▶ _Instructions for the task_
Filter the data below for the string "chroom" and copy each matching line.

▶ _Data to examine_
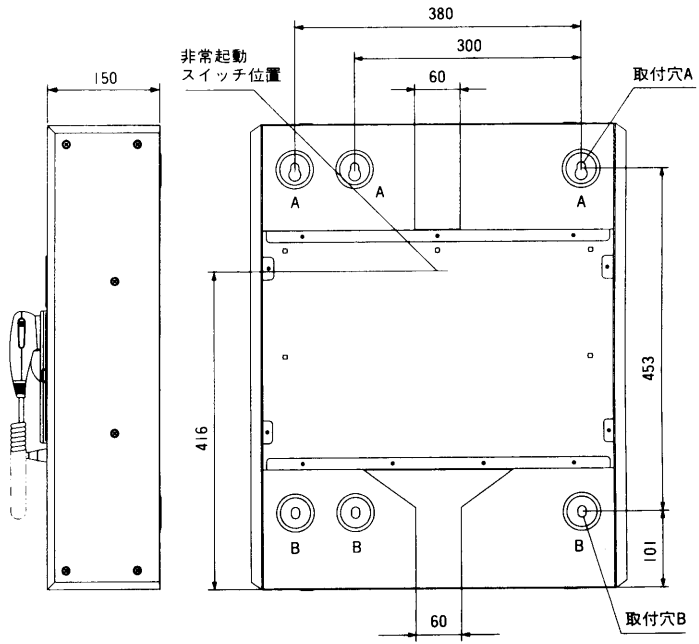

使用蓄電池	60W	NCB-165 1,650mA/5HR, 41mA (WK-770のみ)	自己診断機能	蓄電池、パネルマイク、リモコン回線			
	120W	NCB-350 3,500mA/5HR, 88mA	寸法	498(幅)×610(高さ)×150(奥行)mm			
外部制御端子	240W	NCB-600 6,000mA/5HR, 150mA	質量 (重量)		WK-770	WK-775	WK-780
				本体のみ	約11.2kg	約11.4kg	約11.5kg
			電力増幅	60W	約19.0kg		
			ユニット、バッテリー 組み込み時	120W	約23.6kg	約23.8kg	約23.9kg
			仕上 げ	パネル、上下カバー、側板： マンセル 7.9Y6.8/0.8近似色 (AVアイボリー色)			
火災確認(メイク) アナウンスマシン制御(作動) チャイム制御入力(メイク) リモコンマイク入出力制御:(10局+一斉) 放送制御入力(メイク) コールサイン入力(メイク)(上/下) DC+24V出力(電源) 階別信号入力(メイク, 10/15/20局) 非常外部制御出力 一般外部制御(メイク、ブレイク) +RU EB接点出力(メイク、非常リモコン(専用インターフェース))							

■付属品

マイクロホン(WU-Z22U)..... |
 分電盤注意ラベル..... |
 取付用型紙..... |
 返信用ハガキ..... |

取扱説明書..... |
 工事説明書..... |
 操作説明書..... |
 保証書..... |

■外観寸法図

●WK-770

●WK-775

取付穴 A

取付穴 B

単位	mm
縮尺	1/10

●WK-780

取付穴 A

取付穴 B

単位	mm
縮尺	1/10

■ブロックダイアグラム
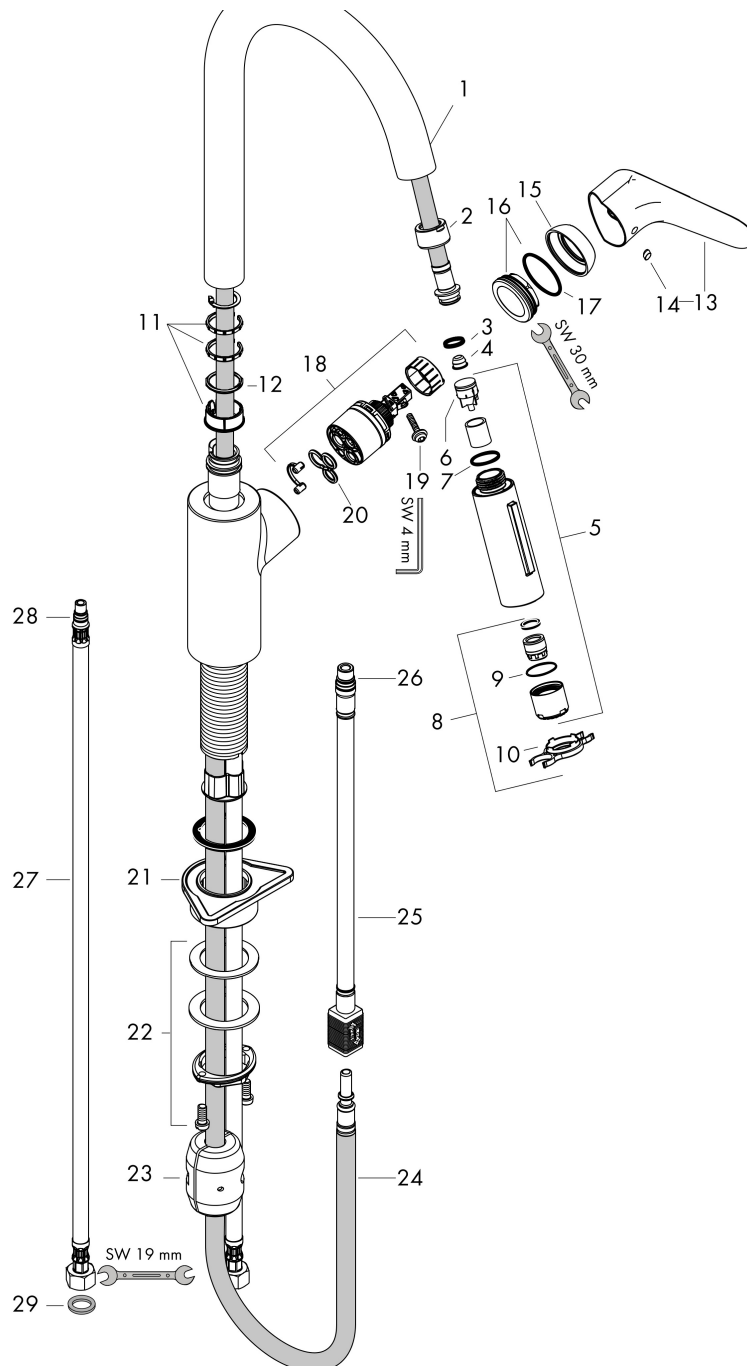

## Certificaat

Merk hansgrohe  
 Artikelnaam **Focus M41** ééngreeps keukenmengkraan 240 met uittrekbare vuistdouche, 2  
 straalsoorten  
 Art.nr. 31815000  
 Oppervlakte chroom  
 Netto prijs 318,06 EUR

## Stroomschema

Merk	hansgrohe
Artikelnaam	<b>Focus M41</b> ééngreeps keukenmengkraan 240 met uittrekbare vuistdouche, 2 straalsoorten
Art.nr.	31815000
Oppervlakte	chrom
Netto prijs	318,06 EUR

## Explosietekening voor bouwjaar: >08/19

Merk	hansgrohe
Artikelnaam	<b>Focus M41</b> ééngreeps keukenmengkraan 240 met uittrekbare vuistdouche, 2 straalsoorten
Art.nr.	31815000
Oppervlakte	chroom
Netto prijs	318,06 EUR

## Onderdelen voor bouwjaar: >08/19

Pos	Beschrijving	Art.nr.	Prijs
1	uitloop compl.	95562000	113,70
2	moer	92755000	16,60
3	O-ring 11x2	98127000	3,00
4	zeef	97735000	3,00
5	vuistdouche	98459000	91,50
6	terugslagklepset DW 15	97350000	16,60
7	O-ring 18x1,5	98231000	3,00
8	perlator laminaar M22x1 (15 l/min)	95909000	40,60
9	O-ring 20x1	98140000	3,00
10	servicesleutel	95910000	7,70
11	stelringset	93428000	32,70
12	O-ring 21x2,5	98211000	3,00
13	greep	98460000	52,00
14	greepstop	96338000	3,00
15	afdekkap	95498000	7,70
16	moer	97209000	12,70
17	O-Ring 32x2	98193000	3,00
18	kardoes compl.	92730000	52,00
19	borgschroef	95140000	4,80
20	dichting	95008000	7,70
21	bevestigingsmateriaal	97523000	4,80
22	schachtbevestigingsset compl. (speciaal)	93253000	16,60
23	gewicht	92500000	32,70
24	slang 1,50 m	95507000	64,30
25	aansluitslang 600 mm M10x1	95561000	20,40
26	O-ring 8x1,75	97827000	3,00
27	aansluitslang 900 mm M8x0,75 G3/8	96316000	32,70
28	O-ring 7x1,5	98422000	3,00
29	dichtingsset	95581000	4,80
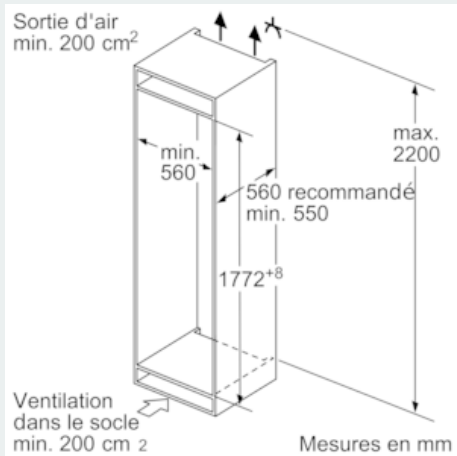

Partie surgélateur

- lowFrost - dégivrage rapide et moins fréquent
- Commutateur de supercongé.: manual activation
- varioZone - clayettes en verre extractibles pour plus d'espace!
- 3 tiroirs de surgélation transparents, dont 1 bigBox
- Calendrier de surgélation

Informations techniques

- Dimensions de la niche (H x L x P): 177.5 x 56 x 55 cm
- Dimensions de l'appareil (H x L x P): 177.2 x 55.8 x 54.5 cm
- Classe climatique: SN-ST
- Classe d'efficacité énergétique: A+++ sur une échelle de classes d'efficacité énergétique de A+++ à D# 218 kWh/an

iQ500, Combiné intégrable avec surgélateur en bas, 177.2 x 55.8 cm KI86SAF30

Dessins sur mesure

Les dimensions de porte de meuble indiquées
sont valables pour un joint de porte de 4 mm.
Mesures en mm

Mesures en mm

▶ _Reply_
 Oppervlakte chroom  
Oppervlakte	chroom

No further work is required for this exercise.